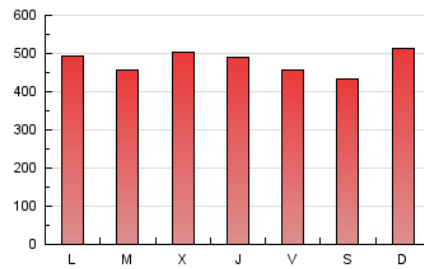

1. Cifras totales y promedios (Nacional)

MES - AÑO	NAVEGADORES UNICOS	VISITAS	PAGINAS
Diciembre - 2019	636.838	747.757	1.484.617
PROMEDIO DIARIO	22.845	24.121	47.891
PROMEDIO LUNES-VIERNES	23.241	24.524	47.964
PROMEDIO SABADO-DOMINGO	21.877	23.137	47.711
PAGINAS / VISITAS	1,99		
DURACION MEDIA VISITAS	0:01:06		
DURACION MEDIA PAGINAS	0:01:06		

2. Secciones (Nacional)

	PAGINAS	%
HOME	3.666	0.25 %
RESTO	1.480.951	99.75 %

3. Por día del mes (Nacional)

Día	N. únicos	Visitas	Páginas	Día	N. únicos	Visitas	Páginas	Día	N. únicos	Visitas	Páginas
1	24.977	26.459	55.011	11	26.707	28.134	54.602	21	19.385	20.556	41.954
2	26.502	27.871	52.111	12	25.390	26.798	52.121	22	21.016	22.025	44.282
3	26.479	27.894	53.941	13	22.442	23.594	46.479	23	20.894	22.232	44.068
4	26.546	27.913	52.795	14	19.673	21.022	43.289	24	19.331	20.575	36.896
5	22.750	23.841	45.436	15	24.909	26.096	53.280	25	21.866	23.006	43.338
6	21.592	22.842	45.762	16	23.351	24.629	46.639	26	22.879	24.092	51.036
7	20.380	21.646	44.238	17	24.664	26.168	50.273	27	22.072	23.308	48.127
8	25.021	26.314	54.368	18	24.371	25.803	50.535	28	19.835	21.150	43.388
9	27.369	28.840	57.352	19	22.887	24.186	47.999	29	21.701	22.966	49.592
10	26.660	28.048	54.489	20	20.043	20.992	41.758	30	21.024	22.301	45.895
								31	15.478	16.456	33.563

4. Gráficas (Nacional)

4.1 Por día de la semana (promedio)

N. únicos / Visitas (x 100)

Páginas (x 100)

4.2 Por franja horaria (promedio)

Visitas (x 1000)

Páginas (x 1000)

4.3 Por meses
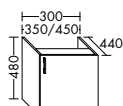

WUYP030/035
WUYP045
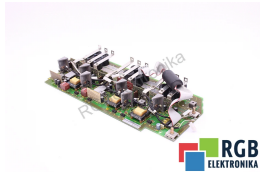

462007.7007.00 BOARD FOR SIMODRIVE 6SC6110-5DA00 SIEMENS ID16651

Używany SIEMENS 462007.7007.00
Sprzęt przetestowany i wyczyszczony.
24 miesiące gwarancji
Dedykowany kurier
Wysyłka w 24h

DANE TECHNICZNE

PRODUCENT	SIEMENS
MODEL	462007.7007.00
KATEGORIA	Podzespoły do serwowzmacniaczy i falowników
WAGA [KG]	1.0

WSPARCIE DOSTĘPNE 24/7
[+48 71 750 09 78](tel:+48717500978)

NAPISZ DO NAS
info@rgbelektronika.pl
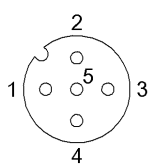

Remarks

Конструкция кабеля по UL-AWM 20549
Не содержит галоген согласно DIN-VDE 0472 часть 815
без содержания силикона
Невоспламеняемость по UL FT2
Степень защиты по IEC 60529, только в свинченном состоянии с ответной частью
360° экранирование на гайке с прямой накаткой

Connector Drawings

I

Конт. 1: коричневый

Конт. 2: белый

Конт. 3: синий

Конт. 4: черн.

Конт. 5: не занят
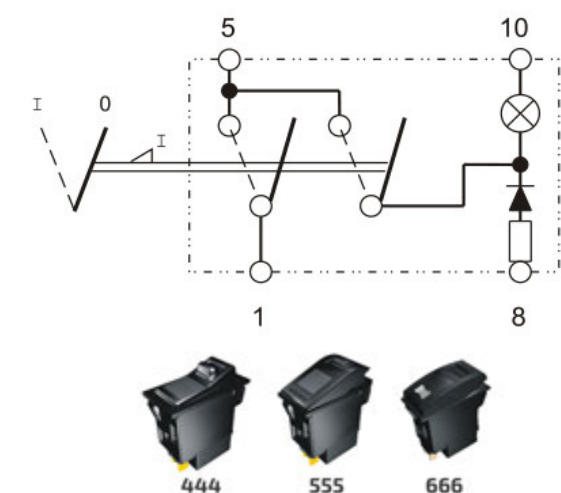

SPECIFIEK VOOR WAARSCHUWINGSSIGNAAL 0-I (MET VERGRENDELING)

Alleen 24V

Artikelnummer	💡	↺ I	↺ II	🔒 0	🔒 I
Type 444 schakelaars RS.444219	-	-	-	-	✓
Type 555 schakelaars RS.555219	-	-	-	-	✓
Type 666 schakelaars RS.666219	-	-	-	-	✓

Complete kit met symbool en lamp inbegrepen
.....
**Exercise goal**: Go through the listing, and whenever a line contains the string "Type", copy that line.

**Expected answer**:
Type 444 schakelaars RS.444219	-	-	-	-	✓
Type 555 schakelaars RS.555219	-	-	-	-	✓
Type 666 schakelaars RS.666219	-	-	-	-	✓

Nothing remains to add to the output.